An action for reconveyance of real property based on implied or constructive trust is not barred by
the aforementioned 10-year prescriptive period only if the plaintiff is in actual, continuous and
peaceful possession of the property involved. Generally, an action for reconveyance based on an
implied or constructive trust, such as the instant case, prescribes in 10 years from the date of issuance
of decree of registration.

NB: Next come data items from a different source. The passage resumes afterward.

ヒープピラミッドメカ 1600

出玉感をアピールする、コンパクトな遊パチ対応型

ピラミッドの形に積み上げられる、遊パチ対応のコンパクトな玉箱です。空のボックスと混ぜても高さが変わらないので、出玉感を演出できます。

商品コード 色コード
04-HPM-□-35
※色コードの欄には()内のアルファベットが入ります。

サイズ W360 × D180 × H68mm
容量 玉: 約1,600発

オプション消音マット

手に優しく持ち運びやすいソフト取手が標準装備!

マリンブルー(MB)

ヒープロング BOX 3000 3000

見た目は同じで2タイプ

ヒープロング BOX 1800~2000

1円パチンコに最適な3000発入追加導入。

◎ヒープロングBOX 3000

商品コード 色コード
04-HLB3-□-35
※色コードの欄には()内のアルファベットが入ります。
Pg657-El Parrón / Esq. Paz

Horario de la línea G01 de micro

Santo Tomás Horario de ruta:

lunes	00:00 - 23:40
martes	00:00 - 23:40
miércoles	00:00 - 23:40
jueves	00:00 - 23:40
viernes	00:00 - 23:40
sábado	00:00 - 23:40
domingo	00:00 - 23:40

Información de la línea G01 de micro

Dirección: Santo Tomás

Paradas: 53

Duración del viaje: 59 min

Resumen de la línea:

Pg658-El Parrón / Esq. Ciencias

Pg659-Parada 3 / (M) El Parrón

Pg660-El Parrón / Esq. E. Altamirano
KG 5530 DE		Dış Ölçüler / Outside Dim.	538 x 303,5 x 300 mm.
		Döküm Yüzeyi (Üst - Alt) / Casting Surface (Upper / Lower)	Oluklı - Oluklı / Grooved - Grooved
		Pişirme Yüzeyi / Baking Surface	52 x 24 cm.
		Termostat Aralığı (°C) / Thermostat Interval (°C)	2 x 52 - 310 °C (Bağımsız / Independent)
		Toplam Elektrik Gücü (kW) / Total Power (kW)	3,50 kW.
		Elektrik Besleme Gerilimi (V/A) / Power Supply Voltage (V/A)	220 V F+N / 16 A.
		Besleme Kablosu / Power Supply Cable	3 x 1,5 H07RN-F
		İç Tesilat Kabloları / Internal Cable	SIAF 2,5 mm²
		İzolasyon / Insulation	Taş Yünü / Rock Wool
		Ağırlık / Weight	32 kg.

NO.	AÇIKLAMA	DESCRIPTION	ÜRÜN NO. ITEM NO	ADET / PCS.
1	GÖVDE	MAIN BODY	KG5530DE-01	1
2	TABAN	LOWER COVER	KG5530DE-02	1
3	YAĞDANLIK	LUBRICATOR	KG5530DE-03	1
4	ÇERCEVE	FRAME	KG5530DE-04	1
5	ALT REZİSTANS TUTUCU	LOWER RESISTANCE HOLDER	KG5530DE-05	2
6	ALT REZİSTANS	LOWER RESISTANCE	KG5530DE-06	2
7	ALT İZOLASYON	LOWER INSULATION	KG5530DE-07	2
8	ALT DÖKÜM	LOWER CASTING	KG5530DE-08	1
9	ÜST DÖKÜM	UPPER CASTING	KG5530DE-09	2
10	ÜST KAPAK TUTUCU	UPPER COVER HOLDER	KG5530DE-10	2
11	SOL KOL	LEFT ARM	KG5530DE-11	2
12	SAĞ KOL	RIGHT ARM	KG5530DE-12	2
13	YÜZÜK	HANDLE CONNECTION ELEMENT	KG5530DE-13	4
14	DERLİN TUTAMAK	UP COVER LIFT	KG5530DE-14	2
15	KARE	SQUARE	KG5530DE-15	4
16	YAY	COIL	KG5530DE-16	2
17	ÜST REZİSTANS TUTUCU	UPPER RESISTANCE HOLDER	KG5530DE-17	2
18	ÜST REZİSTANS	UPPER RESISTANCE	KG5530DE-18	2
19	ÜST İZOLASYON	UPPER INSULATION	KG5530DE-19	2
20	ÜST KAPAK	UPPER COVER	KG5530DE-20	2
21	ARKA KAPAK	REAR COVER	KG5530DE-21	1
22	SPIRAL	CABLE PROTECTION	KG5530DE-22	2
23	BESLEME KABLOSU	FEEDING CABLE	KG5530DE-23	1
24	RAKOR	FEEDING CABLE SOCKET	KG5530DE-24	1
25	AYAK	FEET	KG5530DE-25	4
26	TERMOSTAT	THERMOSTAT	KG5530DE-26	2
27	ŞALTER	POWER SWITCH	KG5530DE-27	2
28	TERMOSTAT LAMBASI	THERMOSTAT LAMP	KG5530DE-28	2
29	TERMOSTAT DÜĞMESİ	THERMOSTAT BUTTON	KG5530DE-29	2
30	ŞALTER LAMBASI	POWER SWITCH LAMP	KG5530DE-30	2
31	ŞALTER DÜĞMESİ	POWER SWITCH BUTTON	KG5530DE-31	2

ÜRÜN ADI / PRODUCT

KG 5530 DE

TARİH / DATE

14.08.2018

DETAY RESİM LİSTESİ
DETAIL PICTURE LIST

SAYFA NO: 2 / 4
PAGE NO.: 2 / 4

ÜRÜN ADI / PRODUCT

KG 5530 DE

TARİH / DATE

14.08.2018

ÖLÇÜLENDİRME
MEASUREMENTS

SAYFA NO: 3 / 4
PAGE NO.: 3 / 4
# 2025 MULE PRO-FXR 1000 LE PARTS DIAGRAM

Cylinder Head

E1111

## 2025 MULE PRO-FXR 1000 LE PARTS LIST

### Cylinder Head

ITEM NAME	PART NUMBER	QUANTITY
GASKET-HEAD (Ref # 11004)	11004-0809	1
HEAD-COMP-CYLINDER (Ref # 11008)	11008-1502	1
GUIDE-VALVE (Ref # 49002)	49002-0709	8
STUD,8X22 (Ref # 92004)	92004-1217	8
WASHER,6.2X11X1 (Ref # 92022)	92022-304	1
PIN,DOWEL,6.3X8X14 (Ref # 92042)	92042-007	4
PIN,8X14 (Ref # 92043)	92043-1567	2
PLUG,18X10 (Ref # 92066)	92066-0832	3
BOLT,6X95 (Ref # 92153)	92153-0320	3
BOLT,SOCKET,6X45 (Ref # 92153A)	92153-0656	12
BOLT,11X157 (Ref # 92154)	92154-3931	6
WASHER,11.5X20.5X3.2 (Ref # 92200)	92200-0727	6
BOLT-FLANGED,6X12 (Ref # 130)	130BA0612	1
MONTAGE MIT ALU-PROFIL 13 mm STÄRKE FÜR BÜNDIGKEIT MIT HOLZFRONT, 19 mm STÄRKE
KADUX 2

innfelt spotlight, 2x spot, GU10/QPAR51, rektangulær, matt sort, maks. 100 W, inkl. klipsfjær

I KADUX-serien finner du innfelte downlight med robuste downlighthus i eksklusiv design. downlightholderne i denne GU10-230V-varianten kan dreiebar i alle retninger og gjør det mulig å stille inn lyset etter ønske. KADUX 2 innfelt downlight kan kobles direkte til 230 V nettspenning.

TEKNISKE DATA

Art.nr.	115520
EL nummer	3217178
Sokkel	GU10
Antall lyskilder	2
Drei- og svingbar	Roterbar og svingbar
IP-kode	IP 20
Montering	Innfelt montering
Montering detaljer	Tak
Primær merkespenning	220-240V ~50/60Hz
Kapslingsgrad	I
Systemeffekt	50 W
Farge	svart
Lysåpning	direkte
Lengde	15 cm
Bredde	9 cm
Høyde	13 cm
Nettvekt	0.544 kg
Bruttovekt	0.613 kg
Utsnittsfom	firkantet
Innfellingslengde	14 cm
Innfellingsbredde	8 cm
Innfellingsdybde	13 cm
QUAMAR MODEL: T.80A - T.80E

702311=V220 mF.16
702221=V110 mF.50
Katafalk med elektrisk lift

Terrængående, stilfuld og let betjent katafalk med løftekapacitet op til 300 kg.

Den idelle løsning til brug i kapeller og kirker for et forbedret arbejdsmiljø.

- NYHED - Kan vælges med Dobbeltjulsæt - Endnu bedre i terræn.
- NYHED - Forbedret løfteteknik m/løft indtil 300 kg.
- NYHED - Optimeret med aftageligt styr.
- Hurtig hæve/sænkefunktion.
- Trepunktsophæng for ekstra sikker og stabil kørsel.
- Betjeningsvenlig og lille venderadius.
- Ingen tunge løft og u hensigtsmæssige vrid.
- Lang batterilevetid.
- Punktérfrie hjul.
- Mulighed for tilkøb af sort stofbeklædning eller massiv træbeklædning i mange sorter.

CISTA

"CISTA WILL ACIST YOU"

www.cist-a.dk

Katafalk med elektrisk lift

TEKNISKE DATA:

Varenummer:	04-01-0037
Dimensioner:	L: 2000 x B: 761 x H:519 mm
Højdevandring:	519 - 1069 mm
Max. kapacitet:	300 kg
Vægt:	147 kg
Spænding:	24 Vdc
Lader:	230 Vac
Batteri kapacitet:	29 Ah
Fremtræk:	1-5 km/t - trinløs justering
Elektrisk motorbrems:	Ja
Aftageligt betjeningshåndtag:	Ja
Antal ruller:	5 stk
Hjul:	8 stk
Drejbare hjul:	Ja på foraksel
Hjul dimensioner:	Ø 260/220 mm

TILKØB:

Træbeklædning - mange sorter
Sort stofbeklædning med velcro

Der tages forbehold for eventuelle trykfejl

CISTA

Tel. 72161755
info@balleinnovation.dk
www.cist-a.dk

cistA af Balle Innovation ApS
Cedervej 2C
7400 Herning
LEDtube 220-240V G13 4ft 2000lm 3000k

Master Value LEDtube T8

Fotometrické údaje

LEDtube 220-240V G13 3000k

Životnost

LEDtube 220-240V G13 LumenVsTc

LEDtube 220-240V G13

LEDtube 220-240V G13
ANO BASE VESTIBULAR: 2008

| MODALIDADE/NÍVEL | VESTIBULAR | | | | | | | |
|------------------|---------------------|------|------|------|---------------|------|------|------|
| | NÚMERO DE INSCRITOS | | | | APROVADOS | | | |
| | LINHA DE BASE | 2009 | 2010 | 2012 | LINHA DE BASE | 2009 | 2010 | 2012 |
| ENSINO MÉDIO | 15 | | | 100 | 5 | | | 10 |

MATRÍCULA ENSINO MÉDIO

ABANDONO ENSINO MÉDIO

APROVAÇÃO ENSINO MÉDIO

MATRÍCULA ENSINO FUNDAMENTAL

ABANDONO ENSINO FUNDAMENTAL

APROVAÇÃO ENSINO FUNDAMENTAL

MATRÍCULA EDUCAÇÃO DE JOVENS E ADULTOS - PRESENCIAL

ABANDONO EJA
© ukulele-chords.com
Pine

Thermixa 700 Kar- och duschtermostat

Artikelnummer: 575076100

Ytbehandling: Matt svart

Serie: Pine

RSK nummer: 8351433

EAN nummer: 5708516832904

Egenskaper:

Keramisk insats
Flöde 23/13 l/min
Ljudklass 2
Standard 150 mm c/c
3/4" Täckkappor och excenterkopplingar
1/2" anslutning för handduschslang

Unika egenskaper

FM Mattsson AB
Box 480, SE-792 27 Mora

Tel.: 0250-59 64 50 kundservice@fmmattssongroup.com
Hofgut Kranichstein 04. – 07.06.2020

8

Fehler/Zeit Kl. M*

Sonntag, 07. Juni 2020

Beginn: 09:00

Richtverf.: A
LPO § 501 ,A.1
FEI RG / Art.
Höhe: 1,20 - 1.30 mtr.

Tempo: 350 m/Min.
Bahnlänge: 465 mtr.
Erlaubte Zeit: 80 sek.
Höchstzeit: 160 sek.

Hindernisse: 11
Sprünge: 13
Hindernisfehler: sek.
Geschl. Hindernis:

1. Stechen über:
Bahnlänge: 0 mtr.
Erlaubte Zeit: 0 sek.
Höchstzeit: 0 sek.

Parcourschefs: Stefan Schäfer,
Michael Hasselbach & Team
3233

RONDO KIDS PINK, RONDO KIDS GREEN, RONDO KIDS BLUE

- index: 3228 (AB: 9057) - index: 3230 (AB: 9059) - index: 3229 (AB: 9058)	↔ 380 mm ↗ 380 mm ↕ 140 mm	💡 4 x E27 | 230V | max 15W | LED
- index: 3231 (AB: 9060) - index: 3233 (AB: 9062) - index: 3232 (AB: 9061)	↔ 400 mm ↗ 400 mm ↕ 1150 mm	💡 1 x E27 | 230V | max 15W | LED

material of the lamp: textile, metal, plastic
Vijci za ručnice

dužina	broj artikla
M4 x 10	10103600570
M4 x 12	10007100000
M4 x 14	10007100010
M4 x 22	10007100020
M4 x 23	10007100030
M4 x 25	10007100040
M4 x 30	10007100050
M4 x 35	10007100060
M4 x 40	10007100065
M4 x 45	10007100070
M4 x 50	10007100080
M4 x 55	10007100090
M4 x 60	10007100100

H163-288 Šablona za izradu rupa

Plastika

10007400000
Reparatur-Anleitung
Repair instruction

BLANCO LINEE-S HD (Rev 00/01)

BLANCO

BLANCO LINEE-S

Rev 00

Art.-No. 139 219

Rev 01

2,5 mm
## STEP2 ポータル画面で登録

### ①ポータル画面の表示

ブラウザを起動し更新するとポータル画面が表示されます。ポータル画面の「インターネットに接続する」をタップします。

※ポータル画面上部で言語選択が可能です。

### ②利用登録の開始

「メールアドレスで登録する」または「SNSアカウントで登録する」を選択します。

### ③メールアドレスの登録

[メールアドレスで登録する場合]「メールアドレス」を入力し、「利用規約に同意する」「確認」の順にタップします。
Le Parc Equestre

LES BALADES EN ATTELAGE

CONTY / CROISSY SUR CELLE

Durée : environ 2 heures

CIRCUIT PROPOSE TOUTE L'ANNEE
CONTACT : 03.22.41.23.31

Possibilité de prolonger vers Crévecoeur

However, this rule does not apply when the plaintiff is in actual possession
of the land. Thus, it has been held:
An action for reconveyance of a parcel of land based on implied or constructive trust prescribes in
ten years, the point of reference being the date of registration of the deed or the date of the issuance
of the certificate of title over the property, but this rule applies only when the plaintiff or the person
enforcing the trust is not in possession of the property, since if a person claiming to be the owner
thereof is in actual possession of the property, as the defendants are in the instant case, the right to
seek reconveyance, which in effect seeks to quiet title to the property, does not prescribe. The reason
for this is that one who is in actual possession of a piece of land claiming to be the owner thereof
may wait until his possession is disturbed or his title is Page 537 of 745
attacked before taking steps to vindicate his right, the reason for the rule being, that his undisturbed
possession gives him a continuing right to seek the aid of a court of equity to ascertain and determine
the nature of the adverse claim of a third party and its effect on his own title, which right can be
claimed only by one who is in possession.
Here, it was never established that petitioners remained in actual possession of the property after
their fathers sale thereof to Go S. Kiang in 1965 and up to the filing of their complaint in this case
on August 10, 1995. On the contrary, the trial courts factual conclusion is that respondents had
actual possession of the subject property ever since. The action for reconveyance in the instant case
is, therefore, not in the nature of an action for quieting of title, and is not imprescriptible.